Dropout is a regularisation technique that randomly sets a fraction of input units to zero during training. By temporarily removing neurons and their connections, the network becomes less dependent on specific features, improving its ability to generalise to unseen data.

Dropout is a simple yet powerful method to reduce overfitting. It works by preventing the co-adaptation of neurons—forcing them to learn more robust and independent representations.
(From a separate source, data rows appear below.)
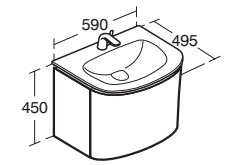

Model	Ref.	Price
Gloss Mid Grey	T7850S2	£774.13
Gloss Light Brown	T7850S3	£774.13
Gloss Blue	T7850S7	£774.13
Dark Larch	T7850S9	£774.13
Gloss White	T7850WG	£774.13

- Depth 495mm
- Drawer with soft closing
- Space saving siphon included.
- To be used in combination with Vanity 60cm and Vessel basins with appropriate worktop
- Drawer hardware and internal cabinetry in White
- Coloured antislip rubber drawer liner in 2 colours to combine: light grey and light brown
- Coloured removable transparent storage
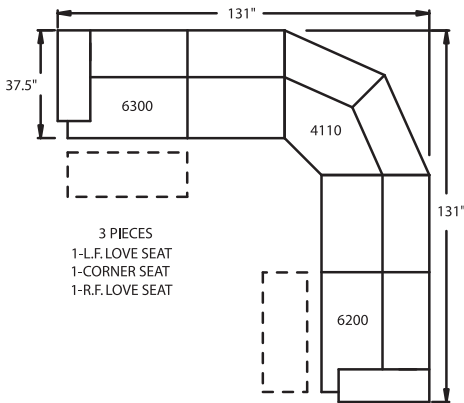

4 PIECES
1-L.F. CHAISE
1-ARMLESS RECLINER
1-CORNER SEAT
1-R.F. LOVE SEAT

3 PIECES
1-L.F. LOVE SEAT
1-CORNER SEAT
1-R.F. LOVE SEAT
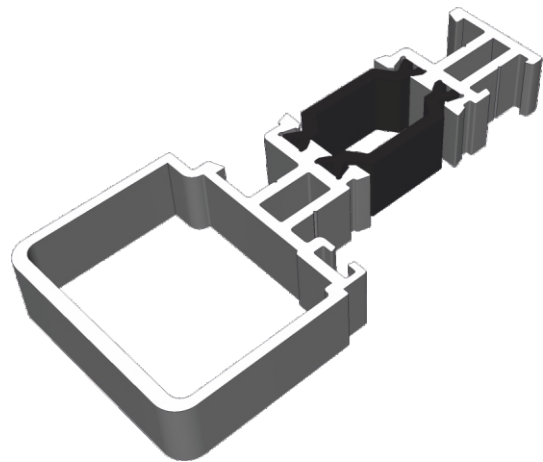

VG416 - 24mm Sash Bead

VG565 - Slim Interlock Bead

Cover Plates

VG514 - Two Track Cover

VG515 - Three Track Cover

VG537 - Slim Interlock Cover

VG530 - Interlock Cover

Slim Interlock

VG535 - Slim Internal Interlock

VG536 - Slim External Interlock

Heavy Duty Interlock

VG532 - Heavy Duty Section

VG533 - Heavy Duty Cover Cap

Meeting Stiles

VG540 - Meeting Stile

VG541 - Heavy Duty Meeting Stile

Head Extensions

VG570 - Two Track Head Extension For VG511

VG571 - Three Track Head Extension For VG513

Cills

ETC158 - 190mm Cill For Two Track VG511

ETC178 - 85mm Cill / ETC157 - 150mm Cill For Three Track VG513
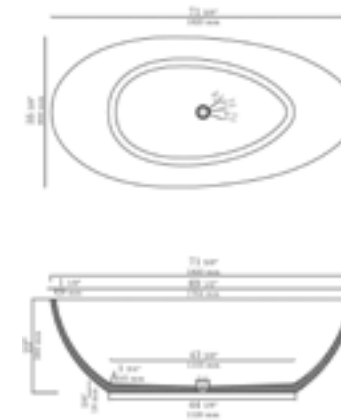

NEW

ABCO72TUB

Concrete

72" x 35" x 22"
438 lbs.
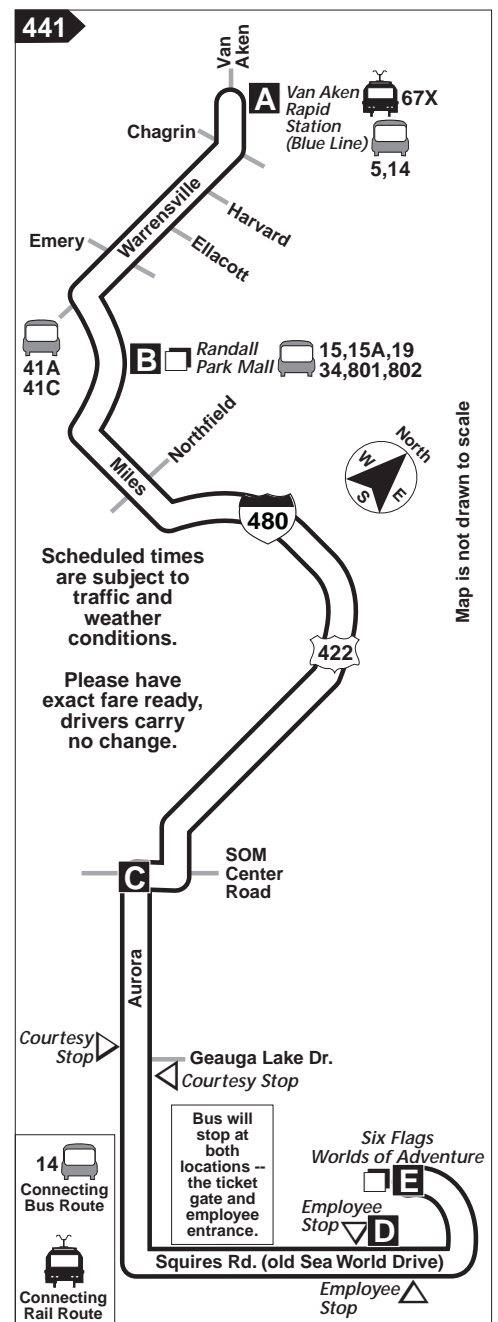

Rider's Alert

#441 Six Flags Service Begins May 4th

RTA will begin operating its #441 Six Flags bus service between Van Aken-Warrens-ville and Six Flags World of Adventure beginning **Saturday May 4, 2002.**

The #441 will stop at the following locations: Van Aken Station, Warrensville-Harvard, Warrensville-Ellacott, Randall Park Mall Park-N-Ride, Miles-Northfield, Aurora-S.O.M. Center, Aurora-Geauga Lake Drive, Six Flags Employee Entrance, and the Six Flags Entrance (former Sea World Entrance).

A new #441 timetable will be available for service After June 8.

(See other side for detailed schedule information.)

The method was introduced by Hinton et al. (2012) in their paper Improving neural networks by preventing co-adaptation of feature detectors.

Key points:

Dropout is enabled only during training (model.train()).
During evaluation (model.eval()), dropout is disabled.
When active, dropout scales the remaining neurons to maintain the same expected output sum.
The dropout probability p controls how many neurons are randomly turned off (e.g., p = 0.5 drops half of them).

0. Preparation#

import torch
import torch.nn as nn

# Create a simple tensor (batch of 1 sample, 6 features)
x = torch.tensor([[1., 2., 3., 4., 5., 6.]])
print("Input tensor x:")
print(x)

Input tensor x:
tensor([[1., 2., 3., 4., 5., 6.]])

# Define dropout layer
dropout_prob = 0.5  # fraction of neurons to drop
drop_nodes = nn.Dropout(p=dropout_prob)

1. Train mode#

# Enable training mode to activate dropout
drop_nodes.train()
y_train = drop_nodes(x)

print("Output after Dropout (training mode):")
print(y_train)

Output after Dropout (training mode):
tensor([[ 0.,  4.,  6.,  8., 10.,  0.]])

Notice that some values are set to 0, and the remaining values are scaled by \(\frac{1}{1-p}\) to maintain the expected sum. Here p = 0.5, so the non-dropped values are multiplied by 2.

2. Eval mode#

# Evaluate mode (Dropout disabled)
drop_nodes.eval()
y_eval = drop_nodes(x)

print("Output in evaluation mode (no dropout applied):")
print(y_eval)

Output in evaluation mode (no dropout applied):
tensor([[1., 2., 3., 4., 5., 6.]])

Summary#

Training mode: Randomly drops units according to probability p and scales remaining ones.
Every run drops different neurons, introducing variability and regularisation.
Evaluation mode: No units are dropped; tensor passes through unchanged.
Dropout is commonly applied after fully connected layers or after activations in a neural network.

Takeaway: Dropout prevents the network from relying too much on specific neurons, which helps reduce overfitting.